— Brief —
Below is a listing. Write out exactly its lines between the one holding "Highest Channel / 20MHz / QPSK" and the one holding "Date: 25.MAY.2016 10:51:02", inclusive.

— Provided data —

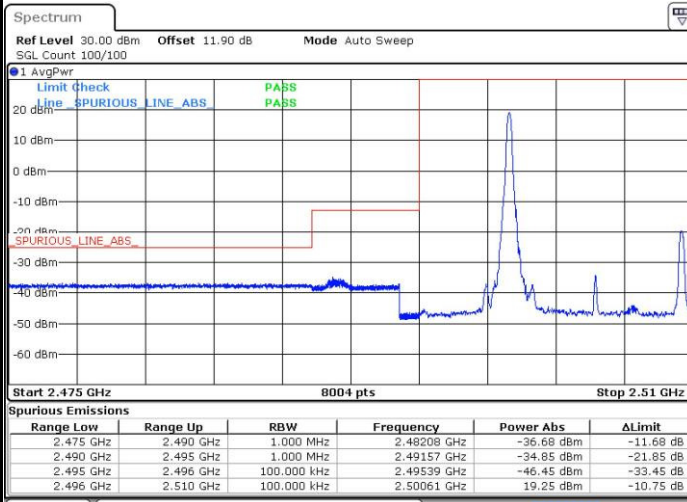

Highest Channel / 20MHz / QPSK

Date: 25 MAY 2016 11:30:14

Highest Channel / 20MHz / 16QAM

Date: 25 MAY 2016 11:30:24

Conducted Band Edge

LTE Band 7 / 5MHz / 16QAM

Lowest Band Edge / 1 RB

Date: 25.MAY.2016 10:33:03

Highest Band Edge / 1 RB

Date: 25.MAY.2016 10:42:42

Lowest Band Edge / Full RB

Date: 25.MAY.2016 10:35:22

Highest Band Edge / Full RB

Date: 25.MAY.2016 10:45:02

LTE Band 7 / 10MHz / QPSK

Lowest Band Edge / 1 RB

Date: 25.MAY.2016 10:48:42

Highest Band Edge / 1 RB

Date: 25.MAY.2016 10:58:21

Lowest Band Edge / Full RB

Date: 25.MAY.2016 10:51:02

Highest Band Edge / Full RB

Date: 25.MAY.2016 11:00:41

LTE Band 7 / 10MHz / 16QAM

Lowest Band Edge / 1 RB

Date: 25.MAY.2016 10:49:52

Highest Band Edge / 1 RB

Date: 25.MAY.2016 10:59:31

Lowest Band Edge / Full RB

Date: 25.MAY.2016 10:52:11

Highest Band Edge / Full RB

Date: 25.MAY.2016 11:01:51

* * *

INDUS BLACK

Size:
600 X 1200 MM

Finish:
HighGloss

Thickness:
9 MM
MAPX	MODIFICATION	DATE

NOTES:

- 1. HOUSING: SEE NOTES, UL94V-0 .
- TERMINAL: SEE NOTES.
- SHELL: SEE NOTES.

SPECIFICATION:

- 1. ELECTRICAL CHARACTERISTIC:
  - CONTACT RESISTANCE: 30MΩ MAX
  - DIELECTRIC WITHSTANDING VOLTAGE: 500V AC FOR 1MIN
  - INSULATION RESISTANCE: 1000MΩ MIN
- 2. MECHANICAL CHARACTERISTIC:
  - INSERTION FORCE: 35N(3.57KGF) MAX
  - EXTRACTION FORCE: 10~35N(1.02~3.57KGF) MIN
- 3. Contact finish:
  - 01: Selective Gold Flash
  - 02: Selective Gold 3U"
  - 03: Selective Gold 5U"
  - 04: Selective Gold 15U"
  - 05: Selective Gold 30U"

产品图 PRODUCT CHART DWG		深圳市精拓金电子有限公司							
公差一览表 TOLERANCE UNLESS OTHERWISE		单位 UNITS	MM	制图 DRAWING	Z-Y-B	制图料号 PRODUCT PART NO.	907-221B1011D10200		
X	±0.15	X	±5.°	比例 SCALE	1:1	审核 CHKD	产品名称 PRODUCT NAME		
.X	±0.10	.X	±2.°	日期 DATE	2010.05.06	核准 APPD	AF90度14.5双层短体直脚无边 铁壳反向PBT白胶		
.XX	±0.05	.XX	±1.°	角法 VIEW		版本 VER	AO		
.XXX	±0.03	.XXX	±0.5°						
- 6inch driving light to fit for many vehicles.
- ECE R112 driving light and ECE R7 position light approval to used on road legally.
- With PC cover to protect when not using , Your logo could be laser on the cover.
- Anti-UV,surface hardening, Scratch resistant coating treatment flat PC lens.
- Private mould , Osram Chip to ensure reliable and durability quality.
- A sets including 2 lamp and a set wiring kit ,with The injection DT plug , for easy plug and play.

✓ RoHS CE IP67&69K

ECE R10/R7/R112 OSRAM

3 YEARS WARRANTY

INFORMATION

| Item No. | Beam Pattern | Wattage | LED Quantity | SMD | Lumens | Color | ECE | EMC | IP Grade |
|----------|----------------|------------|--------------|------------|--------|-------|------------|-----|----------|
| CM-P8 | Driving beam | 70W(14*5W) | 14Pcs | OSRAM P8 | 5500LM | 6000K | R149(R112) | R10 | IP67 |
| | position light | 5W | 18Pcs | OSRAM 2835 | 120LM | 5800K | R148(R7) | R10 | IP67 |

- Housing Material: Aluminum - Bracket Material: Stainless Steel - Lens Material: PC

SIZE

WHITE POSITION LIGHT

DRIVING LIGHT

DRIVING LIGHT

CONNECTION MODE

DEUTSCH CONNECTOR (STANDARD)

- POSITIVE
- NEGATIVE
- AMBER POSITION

— Response to the exercise —
Highest Channel / 20MHz / QPSK

Date: 25 MAY 2016 11:30:14

Highest Channel / 20MHz / 16QAM

Date: 25 MAY 2016 11:30:24

Conducted Band Edge

LTE Band 7 / 5MHz / 16QAM

Lowest Band Edge / 1 RB

Date: 25.MAY.2016 10:33:03

Highest Band Edge / 1 RB

Date: 25.MAY.2016 10:42:42

Lowest Band Edge / Full RB

Date: 25.MAY.2016 10:35:22

Highest Band Edge / Full RB

Date: 25.MAY.2016 10:45:02

LTE Band 7 / 10MHz / QPSK

Lowest Band Edge / 1 RB

Date: 25.MAY.2016 10:48:42

Highest Band Edge / 1 RB

Date: 25.MAY.2016 10:58:21

Lowest Band Edge / Full RB

Date: 25.MAY.2016 10:51:02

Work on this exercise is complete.